В полицию, в итоге, с повинной я не пошла. Не могу назвать это чистосердечным признанием. Какой бы сюжет я ни придумала, он зиял дырами, в которые мог влезть целый грузовик. Вместо этого я обратилась к алкоголю. Выбор пал на виски. Не потому, что внезапно его полюбила, а потому, что он ударяет в голову быстрее, чем пиво, обжигает язык и горло до самого желудка, а еще потому, что одного стакана – огромного, я едва могла его полностью обхватить – хватало, чтобы заглушить мое желание разразиться криками. Думаю, ты не удивишься, если я скажу, что о сне не могло быть и речи. Какое-то время виски приходил на помощь. Но потом все стало только хуже. Я не ложилась до двух, трех, четырех часов, бродила по дому со стаканом в одной руке и бутылкой в другой. Я предпочитала односолодовый. А не этот дерьмовый купажированный. А Дом… Я еще не упоминала об этом? Я больше не ощущала его. После того, как Тед взорвался атомной бомбой, я ничего не ощущала. Не знаю, была ли тому причиной моя, так сказать, сожженная электросхема, или он уничтожил все, что могло ощущаться, или же впервые за несколько месяцев я ощутила саму себя.

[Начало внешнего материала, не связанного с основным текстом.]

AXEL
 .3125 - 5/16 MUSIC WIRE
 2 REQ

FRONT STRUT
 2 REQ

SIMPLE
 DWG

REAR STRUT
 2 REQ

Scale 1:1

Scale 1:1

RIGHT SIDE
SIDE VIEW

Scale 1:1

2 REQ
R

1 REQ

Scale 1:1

Это, конечно, не значит, что странности прекратились. Однажды ночью, в декабре, перед Рождеством, Тед исчез со всех фотографий, которые я развесила по дому. Меня это так сбило с толку, что я не сразу, далеко не сразу поняла, в чем, собственно, дело. Когда до меня дошло, что на фотографии с флагом и голубым фоном не хватает Теда, я пробежалась по всем комнатам и коридорам, проверяя остальные. Все они были пустыми. Я не понимала, что это значит. Боялась, что Тед, сойдя с фотографий, опять начнет преследовать меня, а половина выпитой бутылки «Гленкинчи» окончательно убедила меня в этом. Остаток ночи я провела в машине, включив обогреватель на полную мощность и настроив радиоприемник на университетскую хеви-метал-станцию, чтобы не спать. На следующий день Тед вернулся на фотографии, заставив меня задаваться вопросом, а пропадал ли он с них вообще.

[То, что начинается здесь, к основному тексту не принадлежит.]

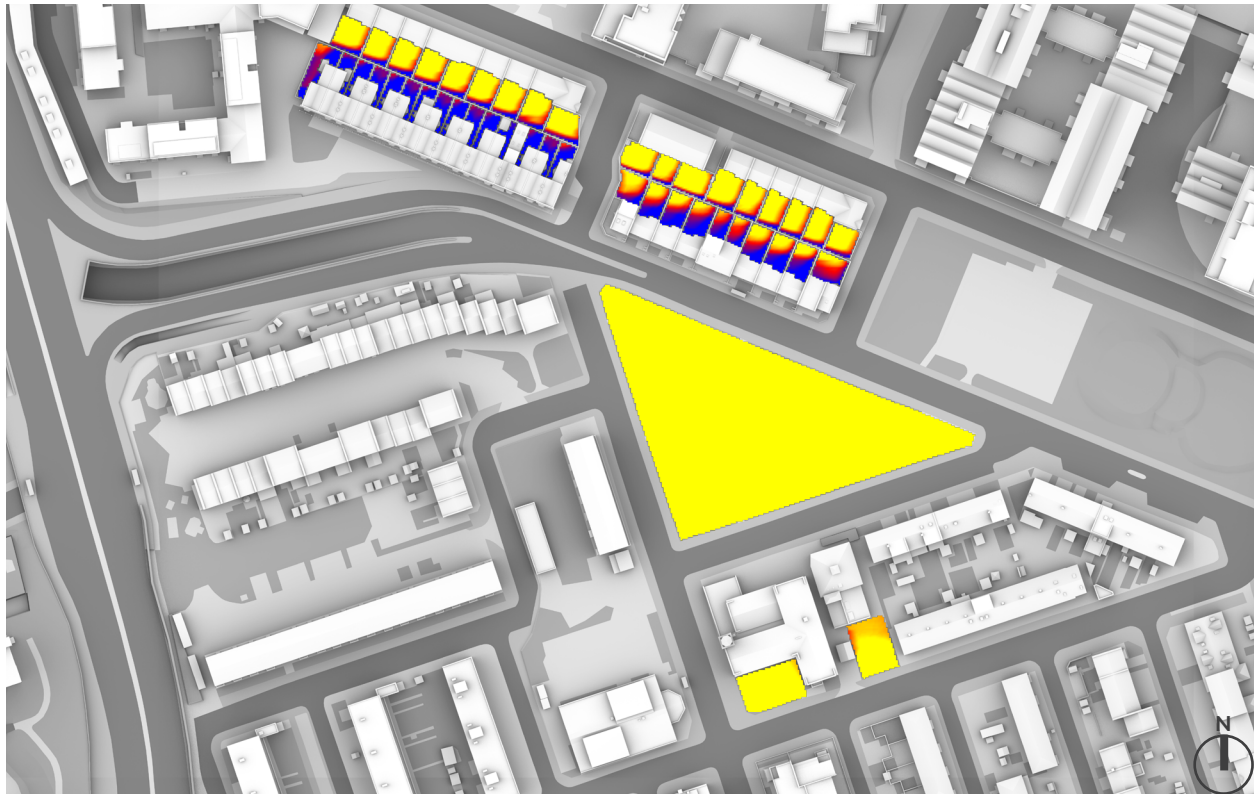

OVERSHADOWING ASSESSMENT - BASELINE - AREAS 1-46
SUN EXPOSURE ON GROUND - 21ST MARCH (SPRING EQUINOX)

Есть еще много примеров, но ты меня понял. Дела были плохи. Очень быстро виски перестал приносить желаемый результат, а в скором времени и вовсе не имел на меня никакого эффекта. То есть я, конечно, напивалась, но теперь состояние опьянения возвращало меня в прошлое. Вот я царапаю костяшки своих пальцев о зубы Роджера. Вот он лежит на спине в грязи, его рот в крови, он смотрит на меня и спрашивает: «Так значит, это все?» Я помнила все – а как я могла забыть? Его голос, проклинающий Теда; мой марафон по потайным комнатам дома. Все спуталось в один клубок. Я часами сидела в кабинете Роджера, даже не потрудившись там прибраться, разглядывая высохшую и потемневшую краску на столешнице, прикасаясь к картам, но избегала той, что у двери. Зеркало казалось черным, но я не хотела рисковать и заглядывать в него, опасаясь, что встречу взгляд, идущий изнутри.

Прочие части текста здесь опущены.